For this reason, Congressman Amodei and I introduced a bill aimed strictly at fire prevention.  This measure is specifically designed – after extensive input from fire districts throughout the Tahoe region – to reduce excess fuel before it burns. 

It provides for expediting collaborative fuel reduction projects consistent with the Lake Tahoe Land and Resource Management Plan and it calls for funds generated by timber sales and other fee-based revenues to stay in the Tahoe Basin to provide for further fuels management and other improvements.  

This was falsely portrayed by left-wing activists in the region as a substitute for the Senate bill.  As Congressman Amodei and I repeatedly made clear, it was designed to supplement that bill and to fill a very glaring deficiency that ignored the single greatest environmental hazard to the lake.

I am very pleased to note that the critical provisions of both bills – for lake clarity and fire prevention – are now in the conference report, thanks to the bipartisan negotiations between House and Senate negotiators, most notably by Senator Feinstein and House Majority Leader McCarthy.
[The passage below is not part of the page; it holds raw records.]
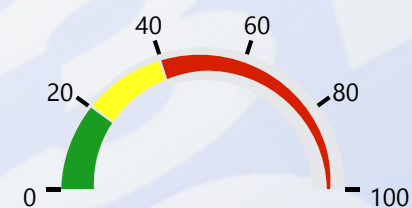

**DE EFECTIVIDAD DEL PROCESO**

**DE RESOLUCIÓN FUERA DE LOS SLA**

**ORIGEN DE SERVICIOS SOLICITADOS**

**ESTATUS ACTIVOS**

**TOP 3 SERVICIOS VENCIDOS**

**SERVICIOS VENCIDOS POR PROVINCIA**

Svc Solicitados	Svc Activos	% Svc Activos	Svc Vencidos	% Svc Vencidos	Svc Cerrados	% Svc Cerrados	% Efect Proceso	Efect Pro	% Resolución Tarde	Res Tarde
220	1	0 %	1	100 %	219	100 %		●	8 %	●
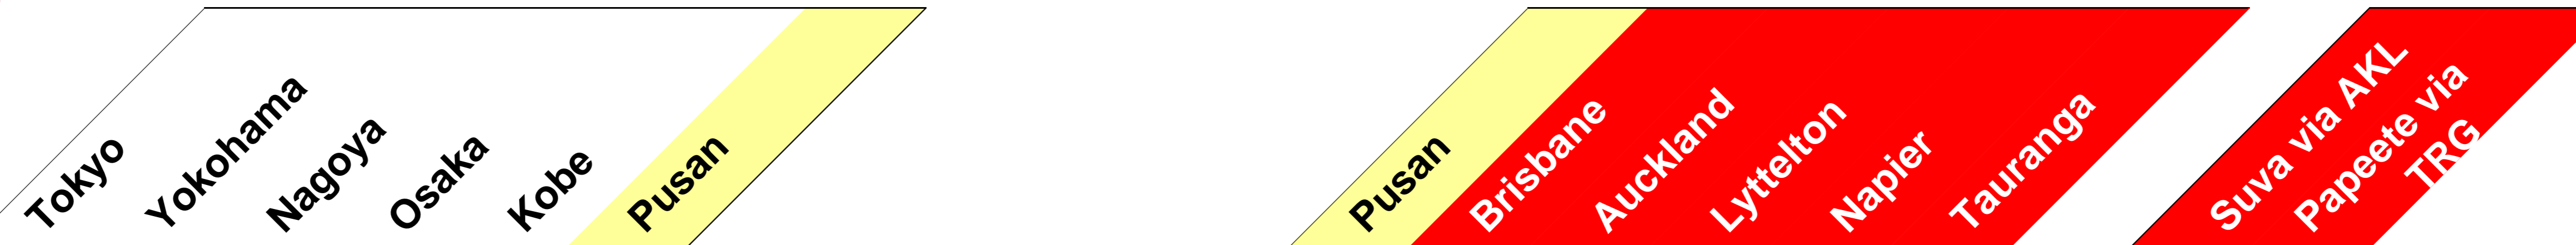

CY	VESSEL	VOY	Tokyo					Mon Sat	VESSEL	VOY	Pusan					Thu	Fri	
			Tue-Wed	Mon-Tue	Sat	Wed	Thu				Fri-Sat	Sun	Fri	Mon	Wed			Thu
HSD	CAP CLEVELAND	505S	9/26-27				9/28	Direct	CAP CLEVELAND	505S	9/29-30	10/15	10/20	10/23	10/25	10/26	10/26	
MCC	KING CRIMSON	1720			9/23			9/25				AAUS					11/10	
MSK	WIDE BRAVO	734W		9/18-19		9/20		9/22				AAUS						
COS	JPO TUCANA	046S	10/3-4				10/5	Direct	JPO TUCANA	046S	10/6-7	10/22	10/27	10/30	11/1	11/2		
MCC	KING CRIMSON	1722			9/30			10/2				AAUS					11/9	
MSK	CARL SCHULTE	735W		9/25-26		9/27		9/29				AAUS						
NYK	NYK FUTAGO	042S	10/10-11				10/12	Direct	NYK FUTAGO	042S	10/13-14	10/29	11/3	11/6	11/8	11/9		
MCC	KING CRIMSON	1724			10/7			10/9				AAUS					11/24	
MOL	MOL GROWTH	736W		10/2-3		10/4		10/6				AAUS						
HSD	CAP CORAL	434S	10/17-18				10/19	Direct	CAP CORAL	434S	10/20-21	11/5	11/8	11/13	11/15	11/16		
MCC	KING CRIMSON	1726			10/14			10/16				AAUS					11/23	
MSK	IAN H	737W		10/9-10		10/11		10/13				AAUS						
MOL	MOL DESTINY	031S	10/24-25				10/26	Direct	MOL DESTINY	031S	10/27-28	11/12	11/15	11/20	11/22	11/23		
MCC	KING CRIMSON	1728			10/21			10/23				AAUS						
MSK	WIDE CHARLIE	738W		10/16-17		10/18		10/20				AAUS						
COS	AGLAIA	046S	10/31-1				11/2	Direct	AGLAIA	046S	11/3-4	11/19	11/22	11/27	11/29	11/30	12/7	12/8
MCC	KING CRIMSON	1730			10/28			10/30				AAUS						
MOL	MOL GUARDIAN	739W		10/23-24		10/25		10/27				AAUS
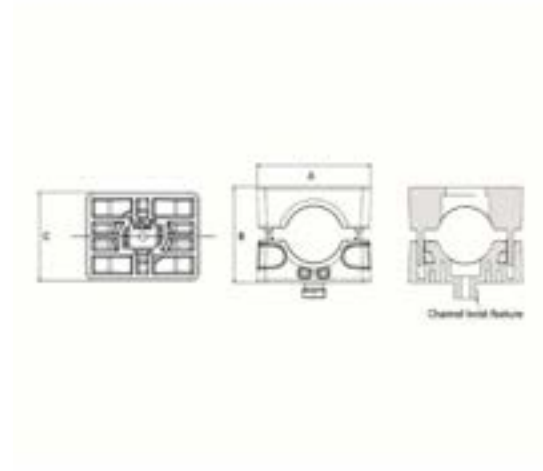

Schroefloze kunststof kabelbeugel met draaivoet

Volledig kunststof kabelbeugel zonder bouten met draaivoet, voor het stapelen van beugels in een installatie, volgens LUL 1-085.

AFM. A: 109 AFM. B: 91 BOUTGAT: 1 x M8 MAT.: Duurzaam nylon

Art. nr.	KLEMBEREIK	AFM. C
NBC18-22TF	18 - 22	90
NBC20-26TF	20 - 26	90
NBC24-30TF	24 - 30	90
NBC28-34TF	28 - 34	90
NBC32-39TF	32 - 39	90
NBC37-47TF	37 - 47	90
NBC45-55TF	45 - 55	85
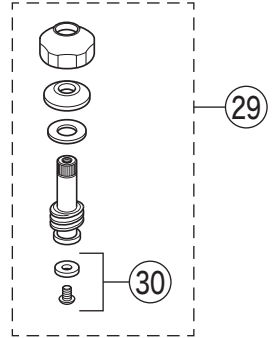

KF206N

KF206(Z)N・KF206(Z)GN

KF206GN

寒冷地用

寒冷地用

KF206GN

部品一覧表

KVK

番号	品番	品名	希望小売価格	税込価格	備考
1	ZK1W84	止水ハンドルセット(水側)白	¥1,190	¥1,309	
2	ZK1W84R	止水ハンドルセット(湯側)白	¥1,190	¥1,309	
3	ZK3W84	青キャップ	¥170	¥187	
4	ZK3W84R	赤キャップ	¥170	¥187	
5	ZK3A-16	丸小ねじ	¥140	¥154	
6	PZK127	水栓上部パッキンセット	¥230	¥253	
7	PZK75-13MN1	スピンドルセット	¥580	¥638	
8	PZK4E-15	こま(2ヶ入)	¥330	¥363	
9	Z482A	シャワー切換レバー 白	¥1,420	¥1,562	
10	PZKF203	切換弁ユニット	¥3,910	¥4,301	
11	Z512-22	吐水口 L=220	¥7,180	¥7,898	
12	Z512CP	吐水口先端部一式	¥2,990	¥3,289	
13	PZ511CP3	整流器キャップセット	¥1,180	¥1,298	
14	PZ42-20	パッキンセット20mm	¥350	¥385	
15	ZK121-20	Xパッキン	¥200	¥220	
16	PZ76J	シャワーエルボ 白	¥2,400	¥2,640	
17	ZKF80	シャワーホース接続パッキン	¥100	¥110	
18	Z483N	ストレーナ付逆止弁	¥2,220	¥2,442	
19	Z49507	シートパッキン	¥580	¥638	
20	PZK105	立水栓菊座ナットセット	¥470	¥517	
KF206GN仕様					
21	ZK1W84G	止水ハンドルセット(水側)メッキ	¥2,860	¥3,146	
22	ZK1W84GR	止水ハンドルセット(湯側)メッキ	¥2,860	¥3,146	
23	Z205G2	シャワー切換レバー メッキ	¥2,530	¥2,783	
24	ZK3S311G	キャップ メッキ	¥280	¥308	
25	Z42931	丸小ねじ	¥140	¥154	
26	Z205-24	吐水口 L=240	¥10,200	¥11,220	
27	Z520CP	吐水口先端部一式	¥1,520	¥1,672	
28	Z76JG	シャワーエルボ グレー	¥2,350	¥2,585	
寒冷地用(KF206ZN・KF206ZGN)					
29	PZK75K-13MN1	ビス止スピンドルセット	¥680	¥748	
30	PZK4K-15	ビス止用こまパッキンセット(2ヶ入)	¥370	¥407	
31	Z296W	水抜き付逆止弁	¥5,370	¥5,907	
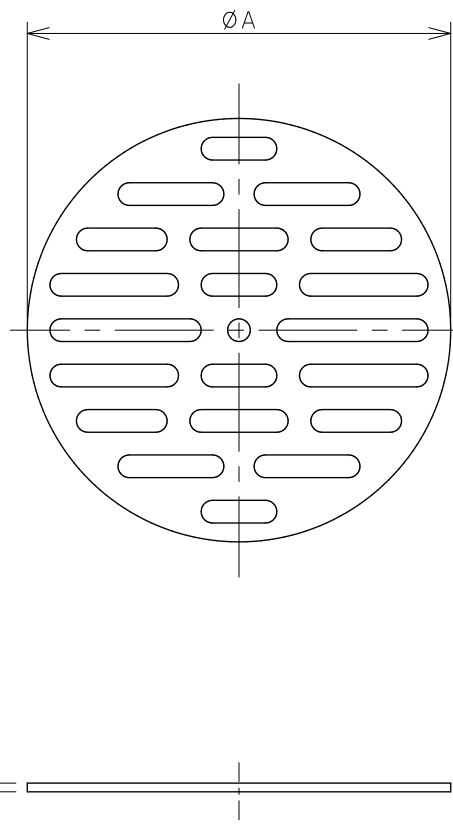

品番	A
0400-104	104.0
0400-110	110.0
0400-112	112.0
0400-113	113.0
0400-115	115.0
0400-117	117.0
0400-120	120.0

	単位 mm 尺度 1/2	製 図	検 査	承 認	品番 品名	図中表に記載 丸目皿アミ
		吉田	渡辺	柳田		
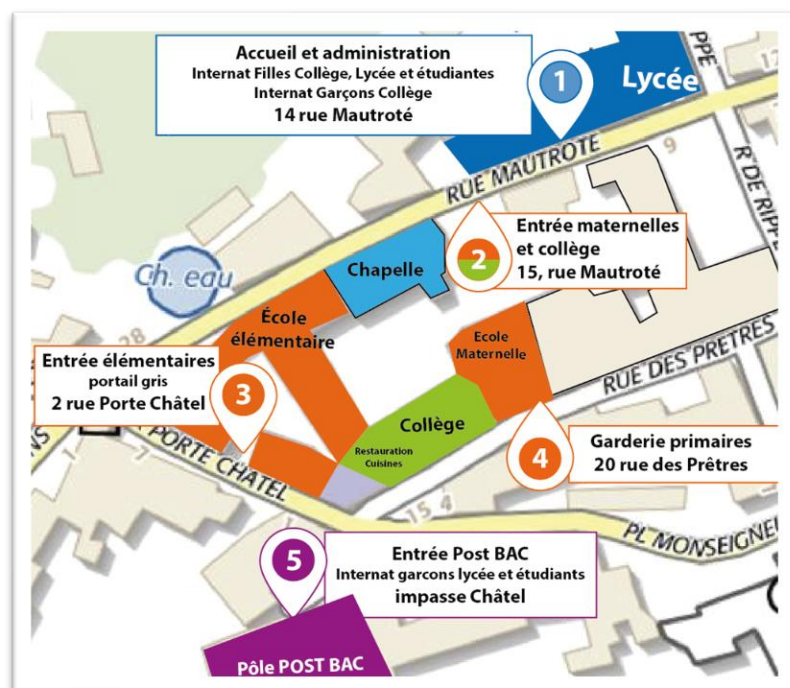

Lycée Général et Technologique

	Accueil pour tous	Accueil des internes
Secondes	14h00 à 15h35 avec le professeur principal ①	13h00 ① ♀ ⑤ ♂
1 ^{ères} / T ^{ales}	14h30 à 15h35 avec le professeur principal ①	13h45 ① ♀ ⑤ ♂

Lieux d'accueil :

- ① 14, rue Mautroté
- ① ♀ Internat filles
- ② ② 15, rue Mautroté
- ③ ③ 2, porte Châtel
- ④ ④ 20, rue des Prêtres
- ⑤ ⑤ Impasse Châtel
- ⑤ ♂ Internat garçons

Unfortunately, in the last 48 hours, Senator Boxer has threatened to blindside this effort and destroy the fruit of these years of labor and endless hours of negotiation.  She has threatened to assemble enough votes – not to put forward a positive and credible plan of her own to address these critical needs – but rather to ruin the painstaking negotiations of many others just as they are coming to fruition.

In the last four years, the King Fire, the Butte Fire, the Rough Fire and the Rim Fire have destroyed more than a thousand square miles of forests in the Sierra.  If we don’t restore forest management in the Tahoe Basin NOW, the next fire could reduce its magnificent forests to cinders, and clog the lake with ash and debris for decades to come. 

We can only pray that wiser heads prevail in the Senate and that this conference report is speedily adopted by both houses and signed by the President.